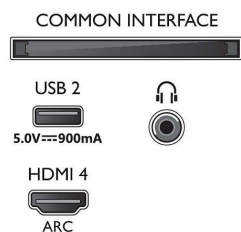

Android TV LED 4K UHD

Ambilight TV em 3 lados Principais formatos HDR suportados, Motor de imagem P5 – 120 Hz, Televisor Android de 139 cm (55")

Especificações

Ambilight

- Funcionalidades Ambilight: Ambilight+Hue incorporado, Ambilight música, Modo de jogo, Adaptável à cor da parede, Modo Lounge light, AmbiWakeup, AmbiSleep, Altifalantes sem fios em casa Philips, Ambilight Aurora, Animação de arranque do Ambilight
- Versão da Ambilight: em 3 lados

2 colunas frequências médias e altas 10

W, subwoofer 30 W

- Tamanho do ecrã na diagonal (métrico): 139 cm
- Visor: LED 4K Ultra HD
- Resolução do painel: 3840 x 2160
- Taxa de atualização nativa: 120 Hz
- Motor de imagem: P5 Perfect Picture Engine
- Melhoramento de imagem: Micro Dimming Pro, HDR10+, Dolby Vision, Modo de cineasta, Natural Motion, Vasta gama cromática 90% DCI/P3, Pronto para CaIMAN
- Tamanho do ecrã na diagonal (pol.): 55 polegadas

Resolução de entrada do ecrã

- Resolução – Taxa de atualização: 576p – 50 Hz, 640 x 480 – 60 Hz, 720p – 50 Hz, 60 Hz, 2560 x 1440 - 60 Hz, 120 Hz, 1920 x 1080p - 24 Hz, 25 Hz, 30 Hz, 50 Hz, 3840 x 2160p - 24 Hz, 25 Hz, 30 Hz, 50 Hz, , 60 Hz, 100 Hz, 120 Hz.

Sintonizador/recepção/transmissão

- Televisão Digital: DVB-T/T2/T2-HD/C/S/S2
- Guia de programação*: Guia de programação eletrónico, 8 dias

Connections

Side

* * *

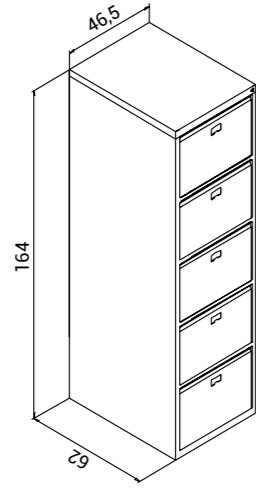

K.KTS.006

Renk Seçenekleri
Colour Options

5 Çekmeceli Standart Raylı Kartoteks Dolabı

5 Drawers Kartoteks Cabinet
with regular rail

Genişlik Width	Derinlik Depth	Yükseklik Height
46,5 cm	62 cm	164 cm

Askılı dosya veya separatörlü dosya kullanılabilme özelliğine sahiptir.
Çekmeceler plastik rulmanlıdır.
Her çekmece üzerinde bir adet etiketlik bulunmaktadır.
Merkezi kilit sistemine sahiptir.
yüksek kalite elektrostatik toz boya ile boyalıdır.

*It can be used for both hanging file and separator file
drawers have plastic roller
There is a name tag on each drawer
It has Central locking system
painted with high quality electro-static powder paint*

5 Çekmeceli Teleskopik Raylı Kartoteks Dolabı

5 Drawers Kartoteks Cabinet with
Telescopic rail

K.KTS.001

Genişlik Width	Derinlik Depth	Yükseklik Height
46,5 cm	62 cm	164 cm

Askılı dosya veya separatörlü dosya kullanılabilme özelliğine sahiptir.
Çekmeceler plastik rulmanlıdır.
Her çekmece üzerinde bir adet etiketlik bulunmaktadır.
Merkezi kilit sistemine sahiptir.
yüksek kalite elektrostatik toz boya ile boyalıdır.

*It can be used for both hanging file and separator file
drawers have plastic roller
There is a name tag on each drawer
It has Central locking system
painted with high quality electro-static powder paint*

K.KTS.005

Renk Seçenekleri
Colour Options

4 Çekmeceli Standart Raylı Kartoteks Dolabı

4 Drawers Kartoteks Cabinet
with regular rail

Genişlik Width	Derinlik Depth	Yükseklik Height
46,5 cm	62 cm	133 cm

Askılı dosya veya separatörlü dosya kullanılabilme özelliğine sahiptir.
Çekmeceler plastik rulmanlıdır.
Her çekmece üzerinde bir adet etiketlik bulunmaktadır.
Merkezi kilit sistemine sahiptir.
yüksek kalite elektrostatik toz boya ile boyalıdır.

--

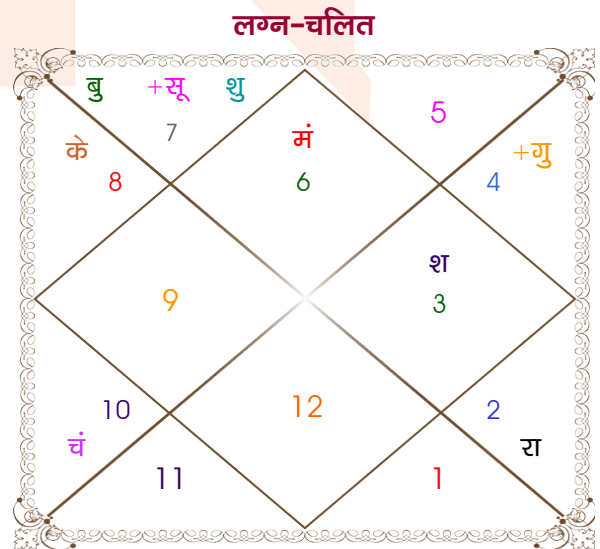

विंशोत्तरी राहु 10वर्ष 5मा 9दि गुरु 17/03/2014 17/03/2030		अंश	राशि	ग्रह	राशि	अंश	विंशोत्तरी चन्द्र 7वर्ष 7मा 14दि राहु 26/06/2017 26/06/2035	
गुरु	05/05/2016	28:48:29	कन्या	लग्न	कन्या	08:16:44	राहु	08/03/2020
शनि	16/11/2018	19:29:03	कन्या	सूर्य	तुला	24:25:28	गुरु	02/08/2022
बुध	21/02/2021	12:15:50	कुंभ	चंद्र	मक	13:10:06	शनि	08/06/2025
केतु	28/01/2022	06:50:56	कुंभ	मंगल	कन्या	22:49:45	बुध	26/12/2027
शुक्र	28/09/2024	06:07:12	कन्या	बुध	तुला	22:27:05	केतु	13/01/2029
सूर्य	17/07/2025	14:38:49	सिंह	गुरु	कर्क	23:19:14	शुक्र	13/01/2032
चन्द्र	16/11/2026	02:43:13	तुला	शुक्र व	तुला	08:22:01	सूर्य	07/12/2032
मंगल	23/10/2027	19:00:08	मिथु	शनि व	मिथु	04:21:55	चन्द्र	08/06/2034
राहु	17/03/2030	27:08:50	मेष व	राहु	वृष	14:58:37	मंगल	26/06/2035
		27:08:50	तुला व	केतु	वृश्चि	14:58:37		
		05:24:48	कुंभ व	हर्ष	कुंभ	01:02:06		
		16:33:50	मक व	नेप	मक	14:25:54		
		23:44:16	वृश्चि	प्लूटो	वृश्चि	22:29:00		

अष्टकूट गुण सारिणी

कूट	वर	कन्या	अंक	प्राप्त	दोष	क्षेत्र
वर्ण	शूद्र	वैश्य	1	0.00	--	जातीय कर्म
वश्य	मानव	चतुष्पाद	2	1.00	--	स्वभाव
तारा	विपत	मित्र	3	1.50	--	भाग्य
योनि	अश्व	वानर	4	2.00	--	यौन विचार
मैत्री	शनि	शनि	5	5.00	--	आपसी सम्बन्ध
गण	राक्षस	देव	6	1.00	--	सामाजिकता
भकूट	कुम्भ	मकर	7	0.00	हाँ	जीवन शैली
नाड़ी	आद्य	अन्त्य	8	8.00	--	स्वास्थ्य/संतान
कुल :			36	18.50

What you will do: With the line holding "Android TV LED 4K UHD" as the first and the line holding "Resolução de entrada do ecrã" as the last, please transcribe exactly the lines of the material above in that range and nothing else.

Answer section:
Android TV LED 4K UHD

Ambilight TV em 3 lados Principais formatos HDR suportados, Motor de imagem P5 – 120 Hz, Televisor Android de 139 cm (55")

Especificações

Ambilight

- Funcionalidades Ambilight: Ambilight+Hue incorporado, Ambilight música, Modo de jogo, Adaptável à cor da parede, Modo Lounge light, AmbiWakeup, AmbiSleep, Altifalantes sem fios em casa Philips, Ambilight Aurora, Animação de arranque do Ambilight
- Versão da Ambilight: em 3 lados

2 colunas frequências médias e altas 10

W, subwoofer 30 W

- Tamanho do ecrã na diagonal (métrico): 139 cm
- Visor: LED 4K Ultra HD
- Resolução do painel: 3840 x 2160
- Taxa de atualização nativa: 120 Hz
- Motor de imagem: P5 Perfect Picture Engine
- Melhoramento de imagem: Micro Dimming Pro, HDR10+, Dolby Vision, Modo de cineasta, Natural Motion, Vasta gama cromática 90% DCI/P3, Pronto para CaIMAN
- Tamanho do ecrã na diagonal (pol.): 55 polegadas

Resolução de entrada do ecrã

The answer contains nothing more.